_EXERCISE AIM_
Write out again, exactly, the lines below starting at the one with "AIM-TMxxxx185-R01WP_R03WP" and ending at the one with "(Ergonomic Stand)".

BEGIN MATERIAL SHOWN

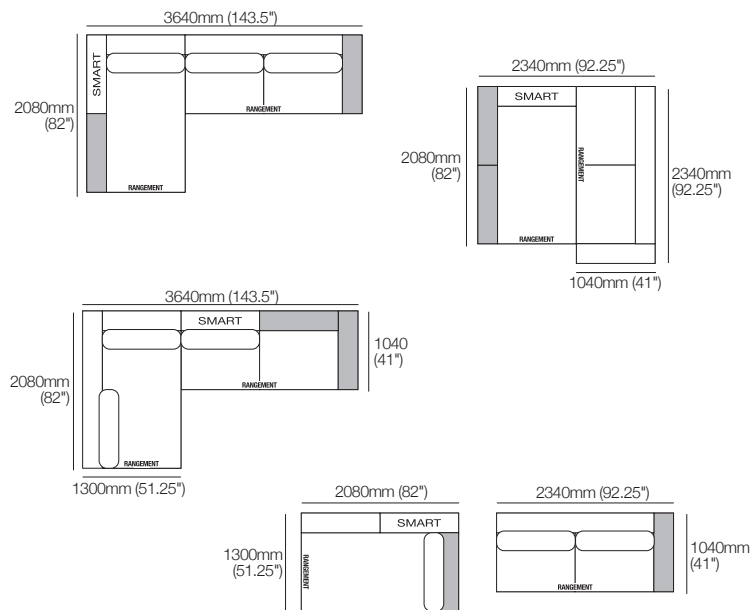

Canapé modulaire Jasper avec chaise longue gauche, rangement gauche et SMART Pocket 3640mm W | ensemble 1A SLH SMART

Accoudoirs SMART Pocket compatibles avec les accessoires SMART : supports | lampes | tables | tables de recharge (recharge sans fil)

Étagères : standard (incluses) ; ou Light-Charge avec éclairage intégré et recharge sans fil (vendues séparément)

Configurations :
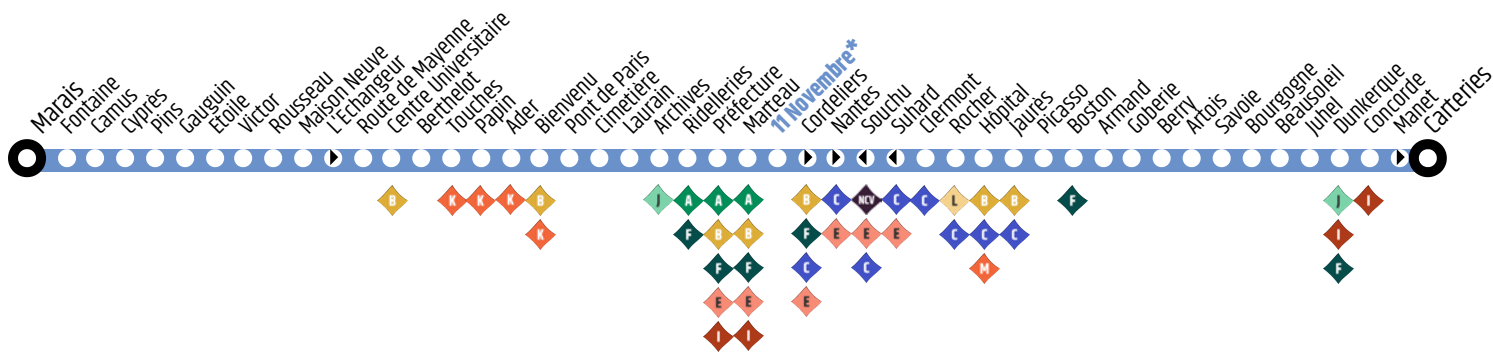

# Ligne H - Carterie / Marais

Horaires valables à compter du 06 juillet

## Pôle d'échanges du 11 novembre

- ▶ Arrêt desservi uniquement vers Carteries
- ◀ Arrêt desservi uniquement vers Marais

END MATERIAL SHOWN
BEGIN MATERIAL SHOWN

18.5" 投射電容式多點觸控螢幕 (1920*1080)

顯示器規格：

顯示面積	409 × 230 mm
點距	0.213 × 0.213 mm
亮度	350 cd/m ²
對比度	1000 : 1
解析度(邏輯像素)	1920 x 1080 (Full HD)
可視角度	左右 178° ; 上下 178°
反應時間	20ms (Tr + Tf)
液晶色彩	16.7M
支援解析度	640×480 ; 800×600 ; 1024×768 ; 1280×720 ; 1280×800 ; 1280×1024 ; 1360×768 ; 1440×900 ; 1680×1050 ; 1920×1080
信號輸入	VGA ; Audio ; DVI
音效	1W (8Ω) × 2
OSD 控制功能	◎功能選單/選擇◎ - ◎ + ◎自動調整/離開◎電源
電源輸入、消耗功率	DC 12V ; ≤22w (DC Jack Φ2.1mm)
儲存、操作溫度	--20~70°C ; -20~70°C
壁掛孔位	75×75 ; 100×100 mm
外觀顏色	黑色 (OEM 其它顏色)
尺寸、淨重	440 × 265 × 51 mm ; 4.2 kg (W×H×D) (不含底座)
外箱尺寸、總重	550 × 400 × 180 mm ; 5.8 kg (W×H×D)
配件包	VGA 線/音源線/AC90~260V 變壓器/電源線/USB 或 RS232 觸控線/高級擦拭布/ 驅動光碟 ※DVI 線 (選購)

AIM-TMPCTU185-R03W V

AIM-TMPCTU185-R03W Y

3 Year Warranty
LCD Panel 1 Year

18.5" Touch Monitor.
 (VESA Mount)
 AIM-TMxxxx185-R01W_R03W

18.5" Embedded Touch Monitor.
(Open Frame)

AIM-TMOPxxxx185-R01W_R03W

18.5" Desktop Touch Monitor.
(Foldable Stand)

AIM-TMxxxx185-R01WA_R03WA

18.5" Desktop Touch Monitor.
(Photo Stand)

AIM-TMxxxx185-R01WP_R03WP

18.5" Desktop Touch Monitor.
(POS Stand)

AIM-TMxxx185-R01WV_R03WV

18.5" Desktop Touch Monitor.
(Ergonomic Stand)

END MATERIAL SHOWN

_TASK OUTPUT_
AIM-TMxxxx185-R01WP_R03WP

18.5" Desktop Touch Monitor.
(POS Stand)

AIM-TMxxx185-R01WV_R03WV

18.5" Desktop Touch Monitor.
(Ergonomic Stand)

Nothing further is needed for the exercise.